I think ناپاك is better for this sentence.

-----------------------------
من فكر نمي‌كنم "چابك" بوده باشد، چون اين جمله بار منفي دارد و معمولا كسي در جمله‌اي كه بار منفي دارد، از واژه‌اي مثبت استفاده نمي‌كند. هنرپيشه گفته است كه:

من با زنم و خانواده‌اش هيچ مشكلي ندارم؛ مگر با پدر ؟ زنم

من فكر كنم "ناپاك" براي اين جمله بهتر باشد.

*@Simon*
I am really inquisitive about the word  Can you upload this part of conversation to the net? If yes, I will listen to it for an exact answer.


----------



## IMANAKBARI

searcher123 said:


> I don't think that was چابك too, because the sentence s is negative and normally no one use a positive meaning in a negative sentence.
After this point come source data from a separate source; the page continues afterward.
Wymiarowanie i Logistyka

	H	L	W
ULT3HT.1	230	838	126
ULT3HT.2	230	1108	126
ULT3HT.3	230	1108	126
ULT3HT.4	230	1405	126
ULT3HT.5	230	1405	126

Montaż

The actor is said that:
> 
> من با زنم و خانواده‌اش هيچ مشكلي ندارم؛ مگر با پدر ؟ زنم
> 
> I think ناپاك is better for this sentence.
> 
> -----------------------------
> من فكر نمي‌كنم "چابك" بوده باشد، چون اين جمله بار منفي دارد و معمولا كسي در جمله‌اي كه بار منفي دارد، از واژه‌اي مثبت استفاده نمي‌كند. هنرپيشه گفته است كه:
> 
> من با زنم و خانواده‌اش هيچ مشكلي ندارم؛ مگر با پدر ؟ زنم
> 
> من فكر كنم "ناپاك" براي اين جمله بهتر باشد.
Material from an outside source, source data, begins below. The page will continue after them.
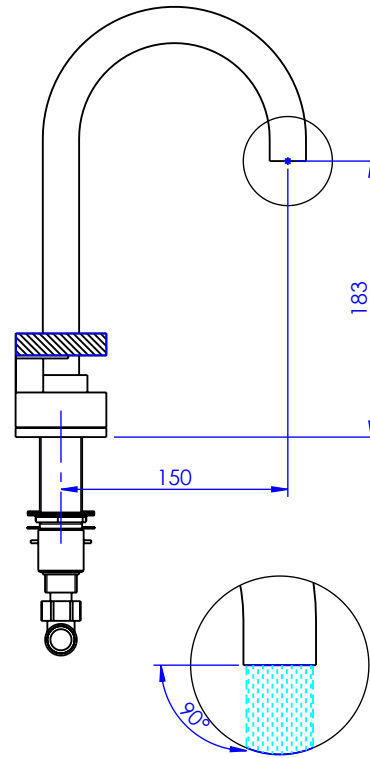

Collection : Fusion

Mélangeur de lavabo 3 trous, avec flexibles sans vidage.

3-hole basin mixer, hoses and connections, without waste.

Ref : S210-1301 Obsidienne noire / Black Obsidian
Ref : S211-1301 Blanc Carrara / White Carrara
Ref : S212-1301 Noir Portoro / Black Portoro
Ref : S213-1301 Sodalite bleue / Blue Sodalite

Débit / Flow rate : 24 l/min (sous 3 bars).
Pression maxi / max pressure : 5 bars.

\varnothing de perçage et entraxe recommandés.
 \varnothing recommended drilling and centre distances.

Informations :

Fournie avec tête céramique 1/4 de tour. / Provided with ceramic cartridge 1/4 turn.
Raccordement par flexibles inox tressés (lg 300mm). / Connected by stainless steel hoses (lg 11,80 inch)
Vidage fourni (voir fiches techniques.) / Waste included (see technicals drawings.)

Ah, je ne savais pas ce que l'acteur avait dit. Selon le contexte que vous venez de citer, oui, je suis d'accord avec vous ! cela doit absolument être ناپاکش 

آه, من نمی دانستم که هنرپیشه چی گفته, با این اطلاعاتی که شما ذکر کردید, بله منم با شما موافقم  
حتما باید ناپاکش باشد


----------



## seitt

Many thanks.

I've just had a long chat with one of my Iranian friends, and he suggested the word چپ in, for example, با من چپ‌افتاده.

There have been other occasions on which I have mistaken a short A for a long A.

I'm afraid I don't think it will be possible for me to download the relevant dialogue as I am not able to record TV programmes at the moment.


----------



## IMANAKBARI

Ne plus être gentil et d'accord avec qqn même s'il a raison = با کسی چپ افتادن
( je crois que vous auriez du ouvrir un autre fil pour cette discussion )


----------



## searcher123

seitt said:


> (...)I'm afraid (...)



No problem dear!. My suggestion was more for helping.


----------



## seitt

Many thanks.
I would say that we had reached a most satisfactory conclusion.


----------